# Randomly changing channels???



## UT_Texan (Dec 9, 2004)

Has anyone experienced the channel randomly changing?
I have two 622's and both are doing it. I live in a neighborhood but don't think it would be because of someone else changing their channel.
I am only using remote 1 on both and they both do it when neither remote is being utilized.
thanks,


----------



## jgurley (Feb 1, 2005)

I just had a similar problem, although with me the receiver was setting timed recordings too! I changed the "channel" for remote 2 and that fixed it. It could have been caused by a neighbor with dish or possibly my next door neighbor using his garage door opener. Check your manual for instructions and you should be fine.


----------



## whatchel1 (Jan 11, 2006)

It might be nasty stuff in the AC power that you have. Do you have any problems with lights dimming any in your area? If there are spikes or dips in the the power that is supplied to you it could cause problems with electronic equipment.


----------



## TBoneit (Jul 27, 2006)

Try removing the UHF antenna on the back of the 622. I'll bet somebody else nearby is also a dish subscriber. Since I don't use the UHF remote I removed the antenna. If it is there at least lock the PPVs before you start getting billed for expensive PPVs.


----------



## Miner (Oct 29, 2004)

Sounds like UHF remote interference, especially if the 622s are in single mode. As I understand it, in single mode, the UHF remote will also change the channels, and if the UHF antenna is installed, one would experience what you're seeing. As jgurley suggests, change the remote code for TV2, or like tboneit, remove the UHF remote.

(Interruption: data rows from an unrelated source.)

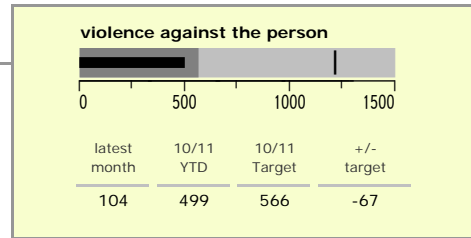

key

- over target by 25% or less
- more than 25% over target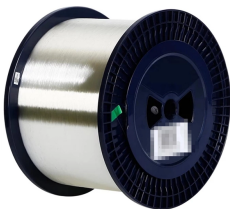

Choosing the right IaC tool can be tough, in this article we compare the different IaC tools available along with the pros and cons of each.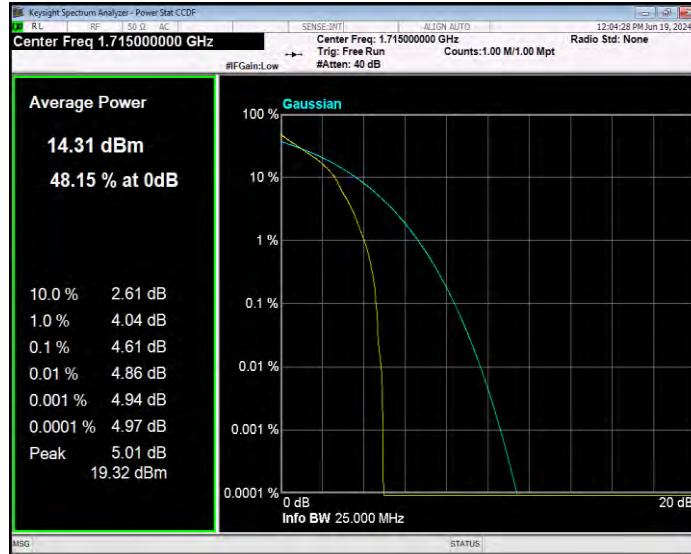

Band4 QPSK BW=10MHz Channel=20000 RB Size=1 Position=#0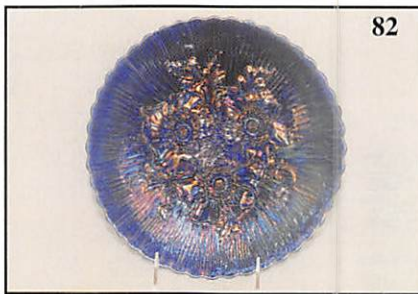

Seeck Auctions

P.O. Box 377
Mason City, Iowa 50402

First Class
U.S. Postage
PAID
Mason City, IA
Permit No. 448

35

10

82

100

123

134

158

173/334

212

230
199/150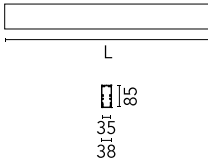

Main specifications

Number of heads	1	Net lumen (lm)	830
Lamp category	LED	Mountings	Surface
Power (W)	16.5W	Environment	Indoor dry location
CCT (K)	4000K		
CRI	80		

Optical

Lighting type	Direct
LED type	Top LED
Light distribution	Symmetric
Optical type	Diffused light
Beam angle (°)	76
Beam angle C90-270 (°)	64

Physical

Color	Anodized Grey
Orientation	Fixed
Weight (kg)	1.92
Length (mm)	845

Note

Micro-Prismatic Diffuser: Highly efficient multilayer diffuser that, thanks to its unique micro-prismatic texture, provides a glare free UGR<19 light beam. / Emergency: Emergency Module available in all versions, length 1405 mm. In normal use, it uses the same power consumption as the standard In-Finity. In emergency use, it emits 10% of normal use during 3 hours. Endcaps: must be ordered separately. Consult Flos Architectural team for a configuration without end caps.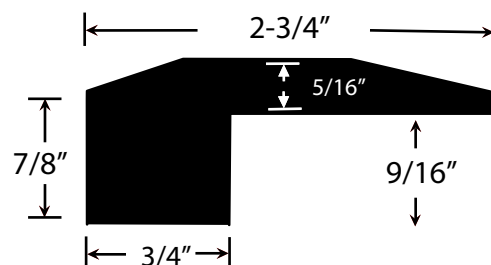

THRESHOLD

- 73" Lengths
- Prefinished or Unfinished
- Honey or Amber Color

Miner, as in the other UTexas school


----------



## UT_Texan (Dec 9, 2004)

thanks, i have removed the UHF atennas since I don't use the 2nd remotes
We will see how it goes


----------



## lakebum431 (Jun 30, 2005)

Or, if you want to use the UHF antenna, just change the address on it. See the manual for how to do this.


----------



## tnsprin (Mar 16, 2003)

lakebum431 said:


> Or, if you want to use the UHF antenna, just change the address on it. See the manual for how to do this.


In fact even if he doesn't need the UHF, the address should be change. A weak signal can still be received without the antenna and might still occassionally effect the receiver.


----------



## UT_Texan (Dec 9, 2004)

I already had the address changed so that all my systems wouldn't interfere with each other.


----------



## lakebum431 (Jun 30, 2005)

Your systems interfering with each other isn't the issue. The problem is that someone else around you can have the same remote address as what you have set. Just change it to something else and I am sure this problem will go away.


----------



## Grandude (Oct 21, 2004)

When my neighbor had Dish installed, I spent the afternoon at my TV, watching my TV change channels and then started changing channels, going to menus, etc. while the installer was setting up his receiver. I guess the installer got the message as eventually mine stopped changing by itself. I later checked with my neighbor as to what remote address he used, it was 7. I was then armed with the info I needed in case I added another RF receiver so as not to interfere with his setup.


----------